The Keio Journal of Medicine

Abstract
New genetic causes of pheochromocytoma:
current concepts and the clinical relevance
Hartmut P.H. Neumann, Markus Cybulla, Hirotaka Shibata, Mototsugu Oya, Mitsuhide Naruse, Eiji Higashihara, Toshiro Terachi, Hao Ling, Hiroshi Takami, Taro Shuin and Masaru Murai

Pheochromocytoma and paraganglioma are tumors of the autonomous nervous system mainly occurring in the adrenal medulla, but also in the extraadrenal paraganglias of the abdomen, thorax, neck and skull basis. The etiology comprises germline mutations of now 6 genes. About 10 years known are the RET gene susceptible for multiple endocrine neoplasia type 2, the VHL gene for von Hippel-Lindau Disease, and the NF 1 gene for neurofibromatosis Recklinghausen (neuro- fibromatosis type 1). Since 2000 the genes for succinatedehydrogenase subunits SDHB, SDHC, and SDHD have been identified for paraganglioma syndromes type 4, type 3, and type 1 respectively. Investigations of series of pheochromocytoma patients identified germline mutations in one of the genes SDHB, SDHD, VHL and RET in 24% to 50% of the patients.

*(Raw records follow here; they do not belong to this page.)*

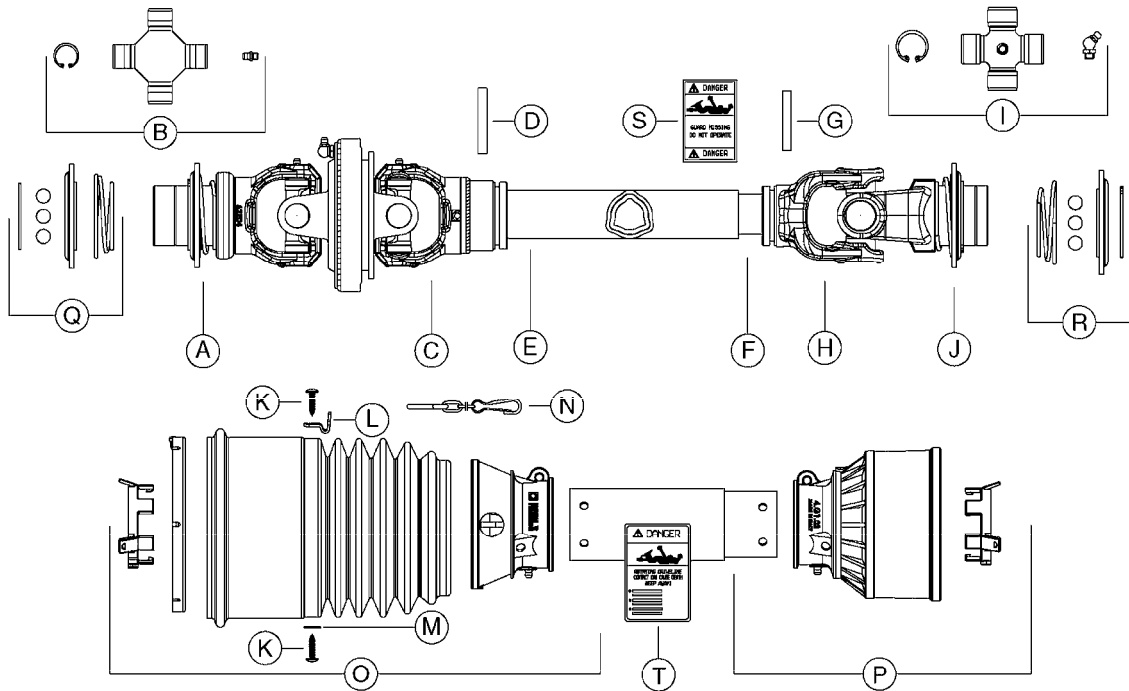

COMPLETE ASSEMBLIES
WHOLEGOODS ITEMS

A0550

C.V.PTO SHAFTS YELLOW (PRE'05)
A0550-HIN, 01:01:16

Page 1

Date 12.08.2020 8:26

parts-n°	order qty	description
284042	1	UNIV. JOINT 30x92mm
829444	1	PTO 1-3/8/6X1-3/8/6x1210MM HAC
829478	1	PTO 1-3/8/21x1210 TF
829801	1	PTO 1-3/8/6 X 1-3/8/6 CV
10596103	1	PTO SHIELD OUTER 1000x82mm OD
10596203	1	PTO SHIELD INNER 1000x75mm OD
10601203	1	UNIV. JOINT 30.2x99.4mm TWIN
10601703	1	SHIELD BGR.F.OUTER TUBE CV TWI
10601803	1	SHIELD CONE F.OUTER TUBE CV
10601903	1	SHIELD CONE F.INNER TUBE CV TW
10602003	1	SHIELD BGR.F.INNER TUBE CV TWI
10602203	1	SHIELD RETAINER F.CV TWIN PTO
10602303	1	SHIELD CONE F.CV END TWIN
10627003	1	PTO TUBE OUTER F.CV PTO SHAFT
10627103	1	PTO PIN TUBE RETAINER CV OUTER
10627203	1	PTO YOKE OUTER F.CV PTO SHAFT
10627303	1	PTO TUBE INNER F.CV PTO SHAFT
10627403	1	PTO TUBE RETAINER CV INNER
10627503	1	PTO YOKE F.INNER TUBE CV PTO
10627703	1	PTO PIN KIT F. CV PTO SHAFT
10627803	1	PTO YOKE 1-3/8X6 SPL SLIP F.CV
10628003	1	PTO REPAIR KIT F.SLIP YOKE CV
10639503	1	PTO 1-3/8/21 alt 28035003
10639603	1	PTO 1-3/4/20 alt 28035103
10639703	1	PTO 1-3/4/20X1-3/8/21X1210 TF
28008403	1	PTO YOKE 1-3/4X20SPL SLIP F.CV
28008503	1	PTO REPAIR KIT 1-3/4"SLIP YOKE
28008603	1	PTO YOKE 1-3/8X21SPL
28008703	1	PTO REPAIR KIT 1-3/8"SLIP YOKE
28008803	1	PTO YOKE 1-3/8X21SPL SLIP F.CV
28008903	1	UNIV. JOINT 23.8x86 F.CV PTO
28009003	1	PTO TUBE OUTER F.CV 1060MM
28009103	1	PTO TUBE INNER F.CV 1060MM
28009203	1	PTO SHIELD OUTER 1007x67mm OD
28009303	1	PTO SHIELD INNER 1007x60mm OD
28009403	1	UNIV. JOINT 27x74.6mm
28009503	1	PTO YOKE 1-3/8X21SPL 28027703
28009603	1	PTO REPAIR KIT 1-3/8"SLIP YOKE
28009803	1	PTO PIN TUBE RETAINER OUTER
28009903	1	PTO TUBE RETAINER INNER
28010003	1	SHIELD RETAINER F.CV TF PTO
28010103	1	PTO YOKE F.INNER TUBE CV PTO
28010203	1	PTO YOKE 1-3/8X21SPL
28010303	1	SHIELD CONE F.CV END TF
28010403	1	SHIELD BGR.F.OUTER TUBE CV TF
28010503	1	SHIELD CONE F.OUTER TUBE CV TF
28010603	1	SHIELD CONE F.INNER TUBE CV TF
28010703	1	SHIELD BGR.F.INNER TUBE CV TF
28010803	1	PTO YOKE INNER F.CV PTO SHAFT
28010903	1	PTO YOKE 1-3/4X20SPL SLIP F.CV
28017103	1	PTO HALF SAFETY SHIELD
28017203	1	PTO HALF SAFETY SHIELD
28017303	1	PTO PIN KIT F. CV PTO SHAFT
28017403	1	PTO HALF SAFETY SHIELD
28017503	1	PTO HALF SAFETY SHIELD
28017803	1	PTO TUBE INNER F.CV
28017903	1	PTO YOKE 1-3/8X6SPL
28018103	1	PTO PIN KIT F. CV PTO SHAFT
28040703	1	SAFETY CHAIN F.CV BLACK PTO

Multifocal tumors, young age and positive family history, known features associated with inheritence, have not been present in all patients. Therefore, analyses of blood DNA for mutations in these genes are recommended. Positive tests provide the patients and their relatives with essential platforms for clinical care. Experiences in this field of medicine have shown that optimal management of patients with pheochromocytomaassociated syndromes is a high challenge. National registries may be instrumental in order to provide with adequate facilities.